“Do you think women
fitted for journalism? Eminently so!”
Mary Louise Booth
born in April 1831 in Long Island, New York.
She attended public schools but was primarily self taught, considered
very precocious and is said to have read the Bible and Plutarch at five and
Racine by the age of seven. She had a particular aptitude for foreign
languages. Her father, an educator, believed that teaching was the only
suitable career for a young lady. She
rebelled after teaching in his school for a few years and moved to Manhattan
desiring a literary career. She was
eighteen.
She supported herself making vests while studying and
writing in the evenings. Eventually she
was hired by the New York Times where she wrote on education and women’s
topics. She met and became friends with Susan B. Anthony and became active in
the women’s rights movement, serving as secretary at the conventions in
Saratoga, New York in 1855 and New York City in 1860. During this time she also began her own
historical writing. Her History of the City of New York was the
first comprehensive history of the city to be published.

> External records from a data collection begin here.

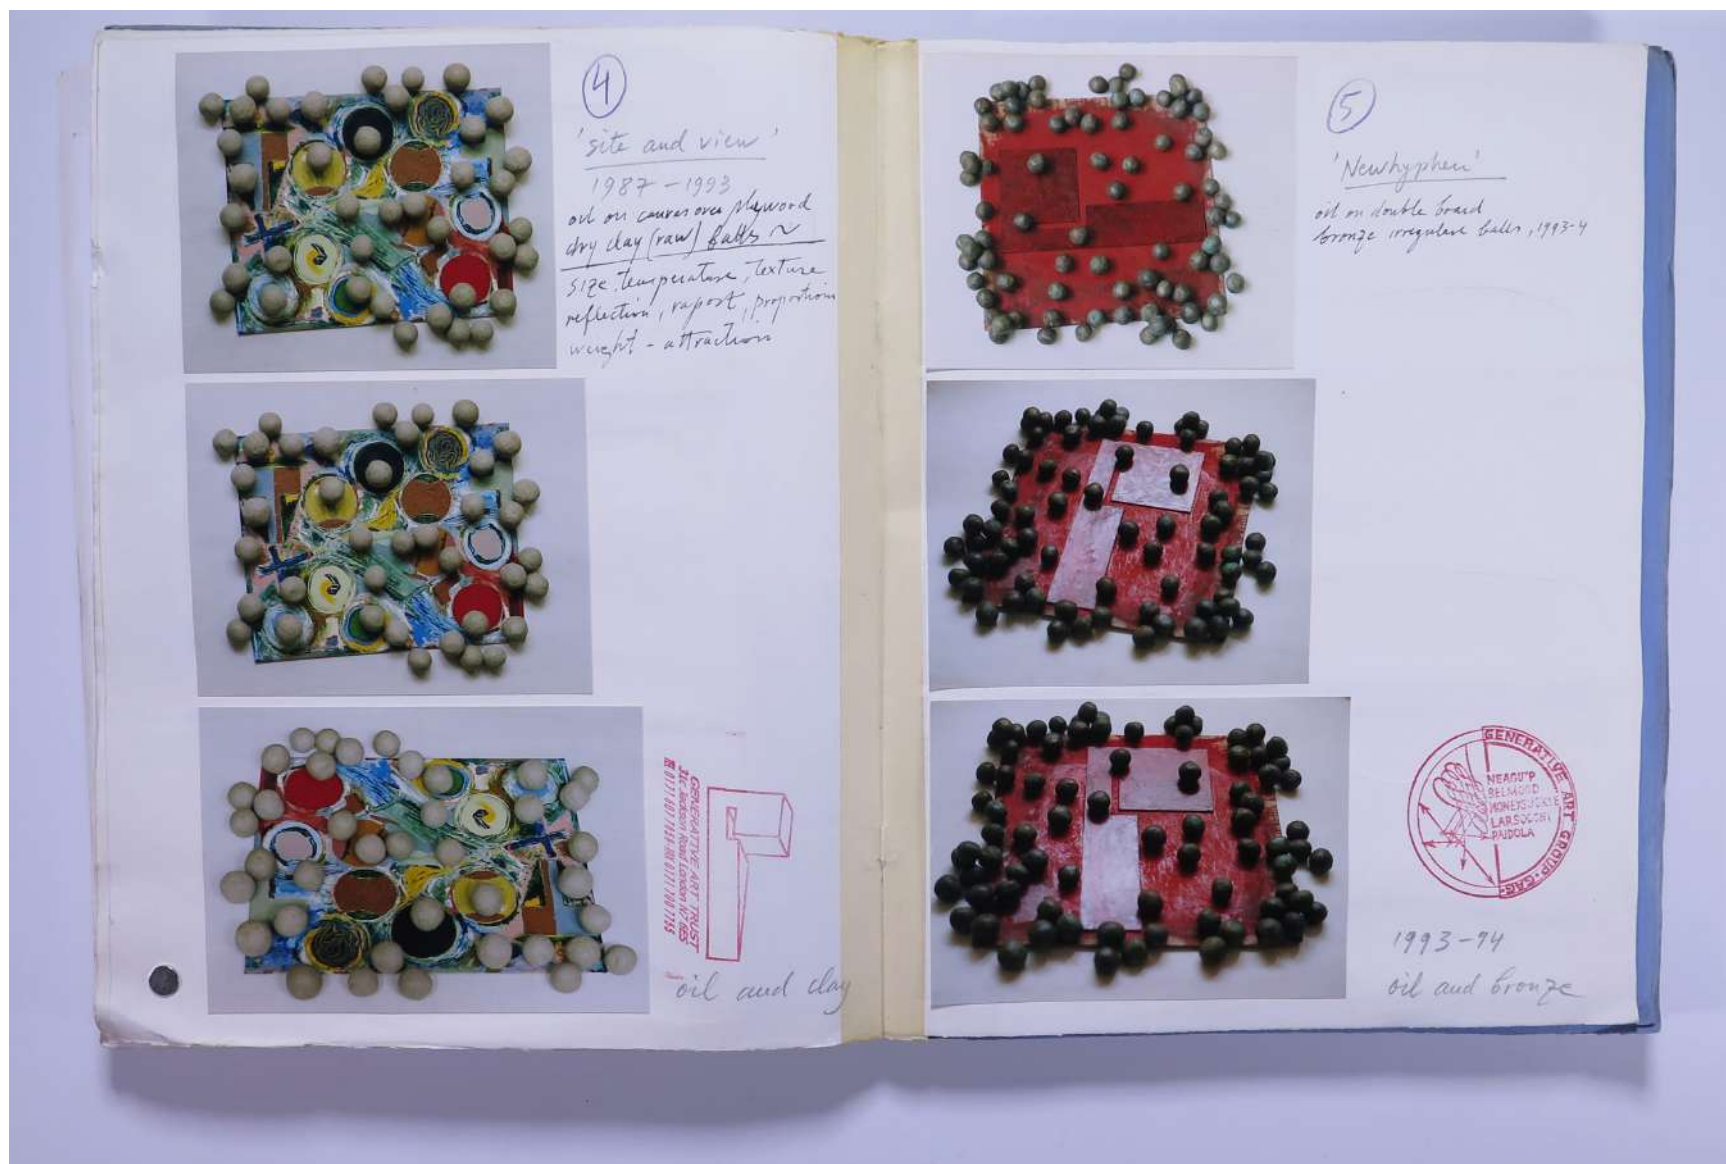

PAUL NEAGU ESTATE

PHOTO ALBUM: ASTROCOLLAGE & OVERLAY - 1990-1999

Reference No.

PNE 49.040

Usage terms: © Estate of Paul Neagu. No copying, republication, modification or any other unauthorised use is allowed for material © **PAUL NEAGU** ESTATE.
For further use of this material please seek formal permission from the **PAUL NEAGU** ESTATE.
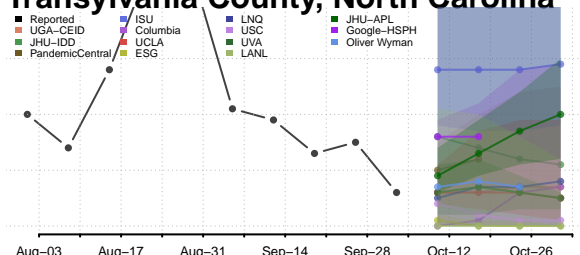

Transylvania County, North Carolina

In 1856 that she began her career as a translator and
translated more than forty works from French to English. During the Civil War
she used her skills to promote the Union cause translating Count deGasparin’s The Uprising of a Great People: The United
States in 1861. She worked twenty hours a day for a week to accomplish this
task.
In 1867 Harper and Brothers began the weekly magazine
Harper’s Bazaar and they hired Mary as its editor. She held this position for twenty two years
earning the then impressive salary of $4,000.
During her tenure circulation reached 80,000. She never married although she was engaged
briefly during a trip to Venice in 1887.